SUU is committed to fostering an inclusive community of lifelong learners and believes our university's encompassing of different views, beliefs, and identities makes us stronger, more innovative, and better prepared for the global society.

SUU does not discriminate on the basis of race, religion, color, national origin, citizenship, sex (including sex discrimination and sexual harassment), sexual orientation, gender identity, age, ancestry, disability status, pregnancy, pregnancy-related conditions, genetic information, military status, veteran status, or other bases protected by applicable law in employment, treatment, admission, access to educational programs and activities, or other University benefits or services.

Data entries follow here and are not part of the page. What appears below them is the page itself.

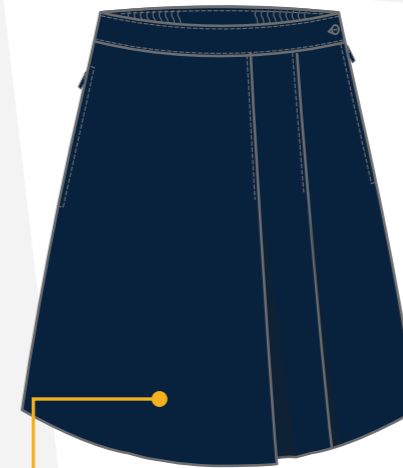

**SNR SOFT SHELL JACKET**  
NAVY BODY  
WHITE PIPING ON CHEST  
W/ EMB

**SNR UNISEX LS SHIRT**  
WHITE BODY  
WITH EMB

**SNR PULLOVER**  
NAVY BODY  
W/ GOLD STRIPES ON CUFF  
WITH EMB

**JNR LOOP TIE**  
- NAVY W/ GOLD &  
WHITE STRIPE

**JNR TIGHT**  
NAVY BODY

**JNR SKIRT**  
NAVY BODY  
KNEE LENGTH

**JNR GIRL TROUSER**  
NAVY BODY  
W/ SCAGS BUTTON

## JUNIOR

**SNR TIGHT**  
NAVY BODY  
W/ SCAGS BUTTON

**SNR SKIRT**  
NAVY BODY  
KNEE LENGTH

**SNR GIRL TROUSER**  
NAVY BODY
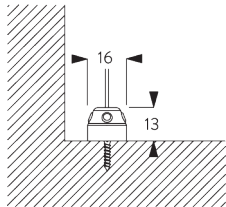

SYSTEM SPECIFICATIONS

A. SYSTEM DIMENSIONS

Wood / Leather: 2.4 m
Aluminium: 3.6 m

65 cm

Wood / Leather: 2.75 m
Aluminium: 3.6 m

Wood / Leather: 4.6 m²
Aluminium: 10 m²

Slat stack heights

Note: stack size will be larger when tapes are used

(cm)

B. PROFILE

Profile information

SG 8935
Profile

SG 8936
Profile

C. HOW TO MEASURE

A: System width
B: System height

FITTING

A. FITTING INFORMATION

For detailed fitting information, visit the *Silent Gliss* website.

Fixing points

B. CEILING FITTING

Clamp SG 3003

SG 3003
Clamp

C. WALL FITTING

Clamp SG 3003

SG 3003

Clamp

D. FITTING WITH SIDE GUIDE OPTION

SG 8235

Side guide wire base short

SG 8236

Side guide wire base long

SG 8237
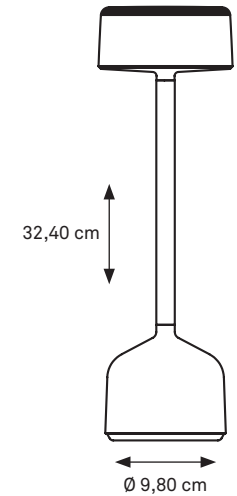

## DEMOISELLE TALL COLLECTION

BOWL

CAP

CYLINDER

BOWL OPAL

CAP OPAL

CYLINDER OPAL

MATERIAL: ALUMINUM  
IP 52 RATED
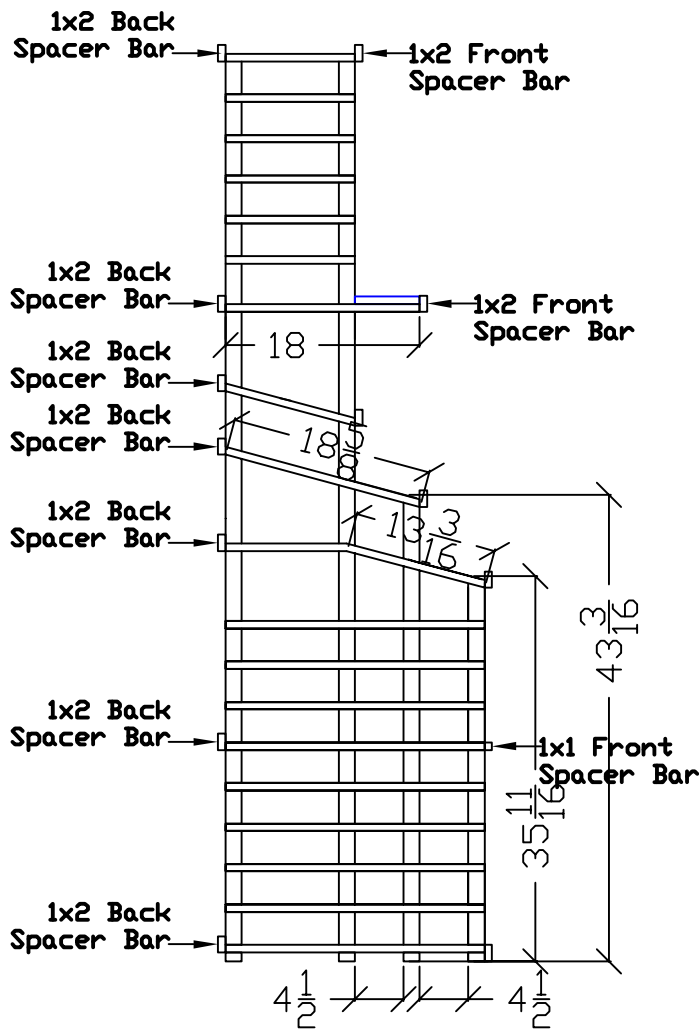

Top View

Side View

Front View

Bottle Capacity 319
Model #: R1
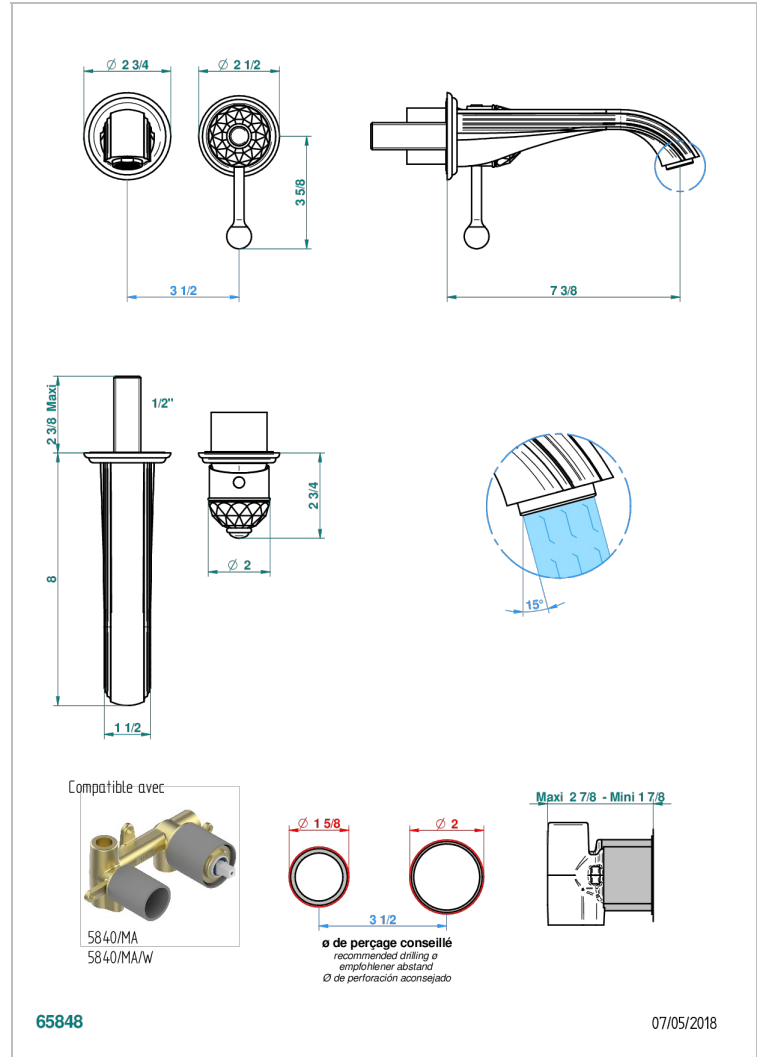

Trim only for Built-in basin mixer with spout (two x 1/2" inlets and one 1/2" outlet), without waste

CHARACTERISTIC

- Najem
- Trim only for Built-in basin mixer with spout (two x 1/2" inlets and one 1/2" outlet), without waste

RELATED SKU'S

- Ref. G00-5840/MA Rough parts for concealed wall-mounted mixer with 1/2" outlet

AVAILABLE FINITIONS

Antique nickel - H28
Black ceram - D30
Blush PVD - H62
Brass color PVD - H49
Brown bronze color PVD - F33
Gold color PVD - H52
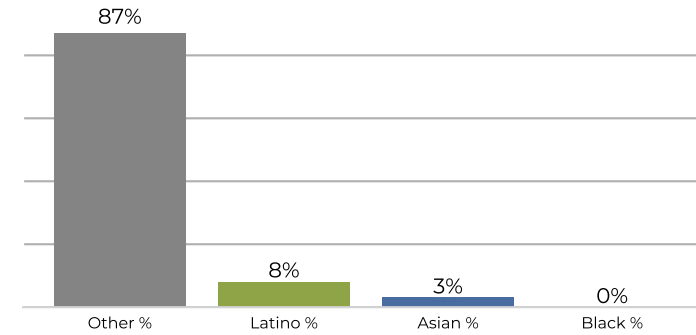

Citizen Voting Age Population (CVAP)

1

Total CVAP	7,719
Other CVAP	6,737
Other CVAP %	87.3%
Latino CVAP	668
Latino CVAP %	8.7%
Asian CVAP	250
Asian CVAP %	3.2%
Black CVAP	64
Black CVAP %	0.8%

District 1

2020 Census

Citizen Voting Age Population

Population	Deviation	Deviation %	Other	Other %	Latino	Latino %	Asian	Asian %	Black	Black %
9,933	0	0.0%	8,317	83.7%	1,232	12.4%	325	3.3%	59	0.6%
Total CVAP	Other CVAP	Other CVAP %	Latino CVAP	Latino CVAP %	Asian CVAP	Asian CVAP %	Black CVAP	Black CVAP %		
7,719	6,737	87.3%	668	8.7%	250	3.2%	64	0.8%		
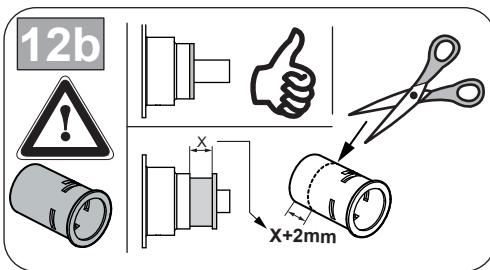

Ideal Standard

CERATHERM NAVIGO
A 7894 ..

1024 / A 869 084
 Made in Germany

Ideal Standard International NV
 Corporate Village – Gent Building
 Da Vincilaan 2
 1935 Zaventem
 Belgium
<https://www.idealstandard.com>

SUU strives to cultivate a campus environment that encourages freedom of expression from diverse viewpoints. We encourage all to dialogue within a spirit of respect, civility, and decency.

For additional information on non-discrimination, please see SUU Policy 5.27 and/or visit https://www.suu.edu/nondiscrimination.

Pregnancy

Students who are or become pregnant during this course may receive reasonable modifications to facilitate continued access and participation in the course. Pregnancy and related conditions are broadly defined to include pregnancy, childbirth, termination of pregnancy, lactation, related medical conditions, and recovery. To obtain reasonable modifications, please make a request to title9@suu.edu. To learn more visit: https://www.suu.edu/titleix/pregnancy.html.

Disclaimer Statement

Information contained in this syllabus, other than the grading, late assignments, makeup work, and attendance policies, may be subject to change with advance notice, as deemed appropriate by the instructor.